Try GOLDWAVE off of CNET.com and resample MP3 to a WAV file at 96k.... lots of difference for free :T


----------



## gorb (Sep 5, 2010)

RTS100x5 said:


> Try GOLDWAVE off of CNET.com and resample MP3 to a WAV file at 96k.... lots of difference for free :T


what


----------



## fusseli (May 1, 2007)

You can't add data back in when a lossy compression algorithm has already stripped some out...


----------



## DanTheMan (Oct 12, 2009)

For a blind test, I just posted one here: http://www.hometheatershack.com/forums/audio-processing/52143-wav.html#post474600

Check it out to see WAV vs AAC 320

Dan


----------



## ghost rider (Dec 29, 2010)

gdstupak said:


> https://www.hdtracks.com/
> HDTracks is what I've been using lately, they have standard CD quality 44/16 resolution, and quite a bit of higher resolution 96/24.
> Mostly jazz and classical, not much rock. But they are adding more and more rock all the time.

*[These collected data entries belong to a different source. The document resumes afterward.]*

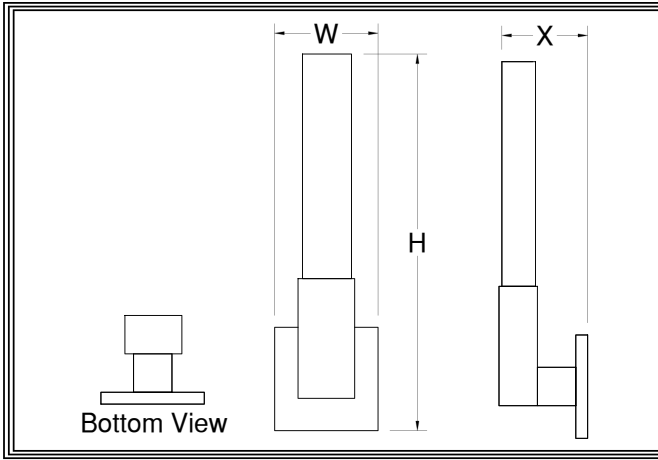

### ~Sythka Series~

- Chandelier: CH-6700~CH-6711
- Pendant: PD-6700~PD-6731
- Ceiling Mount: CL-6700~CL-6708
- Wall Mount: SC-6700~SC-6711
- Bollard: BL-6700~BL-6711

**Mounting:** Lightsmith fixtures mount to standard 4" octagon electrical boxes unless otherwise specified. All hardware and canopies supplied.

SC-67__	
Fixture Number	Job Type
Job Name	

Notes~Modifications

	Fixture Number	Dimensions	Lamping	Weight	Options
LED	<input type="checkbox"/> SC-6709	5w x 16h x 4x*	2-13wLLED (2820 lumens)	4 lbs	L111
	<input type="checkbox"/> SC-6710	6w x 20h x 5x	3-13wLLED (4230 lumens)	6 lbs	L113
	<input type="checkbox"/> SC-6711	7w x 24h x 6x	4-13wLLED (5640 lumens)	8 lbs	L123
	DALI, REM, FUS**				
INCANDESCENT	<input type="checkbox"/> SC-6700	5w x 16h x 4x*	1-60wT10 (800 lumens)	3 lbs	NA
	<input type="checkbox"/> SC-6701	6w x 20h x 5x	2-60wT10 (1600 lumens)	5 lbs	NA
	<input type="checkbox"/> SC-6702	7w x 24h x 6x	4-60wT10 (3200 lumens)	7 lbs	NA
FLUORESCENT	<input type="checkbox"/> SC-6703	5w x 16h x 4x*	1-FT18w (1250 lumens)	4 lbs	L111
	<input type="checkbox"/> SC-6704	6w x 20h x 5x	1-FT24w (1800 lumens)	6 lbs	L113
	<input type="checkbox"/> SC-6705	7w x 24h x 6x	1-FT36w (2900 lumens)	8 lbs	L123
	DIM, REM, FUS*				
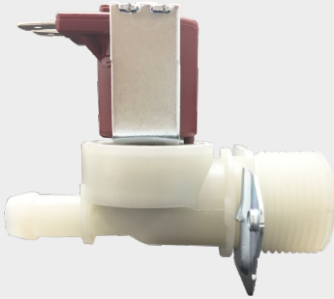

## 冷水进水电磁阀

**LEFOO**

LFV18系列电磁阀，主要用于家电类洗衣机和洗碗机、净水器、咖啡机。通过线圈通电，产生磁性，带动阀芯，通过升压孔改变进水阀内部压力变化,完成进水开关动作。

### 技术参数

工作电压	DC12V	DC24V	AC110V	AC220V
线圈颜色	黑	黄	蓝	棕
水压范围	0.02MPa~1.0MPa			
使用水温	0°C ~ 90°C			
绝缘等级	F			
环境温度	-10°C ~ 60°C

I was checking these guys out. I was looking for the quality statement, where they tell you it was recorded off studio masters. I could not find it.

Yesterday I started remastering my old Jazz LPs @ 24/96 something like 4608 kbps. They sound great. I'm able to clean them up and I think it still has that analog sound. I can email a 100mb if someone would like to sample it. A couple of them I have a CD and LP it will interesting what I come up with.

If these guys at HDtracks are mastering off of LPs. It may not be worth the money.

PM me a email address


----------



## gdstupak (Jul 13, 2010)

Concerning HDTracks and mastering/quality:
This is one unreliable point with HDTracks. Although to be fair, I don't put the blame on HDTracks because they just sell what the music labels give them.
The music labels sell all the music downloads to HDTRacks. The music labels tell HDTracks that they have mastered certain downloads at certain qualities. Because of the high volume that HDTracks tries to provide, they do not have the manpower to check the quality for themselves.
Usually, the high bitrate downloads are the same masters that were used for the music label's SACD's, these high bitrate downloads were not redone specifically for HDTracks. It has been found that some of the higher bitrate SACD's (along with their higher bitrate downloadable counterparts) are just upsampled audio from the CD's master (shame, shame, shame). 
The online store, iTrax, is one that is very vocal about this upsampling tragedy and I think they say they actually test every download and offer a guarantee. Here is one of their latest articles concerning upsampling: http://www.itrax.com/Pages/ArticleDetails.php?aID=32

For a closer look at a proper high resolution download, check out the review here of Cobb's Corner: http://www.hometheaterhifi.com/medi...eviews/891-hd-music-reviews-october-2010.html

For a closer look at an upsampled download, check out the review here of Frederic Chopin - Piano Concerto No. 2 - Mari Kodama (this is the last review near bottom of page) : http://www.hometheaterhifi.com/medi...wnloads-for-the-audiophile-november-2010.html

There are several online stores that sell high resolution downloads, here is a link to a good list (below the list is a link to a custom search bar for high resolution music downloads): http://zeeblues.blogspot.com/2011/03/high-resolution-music-downloads.html


----------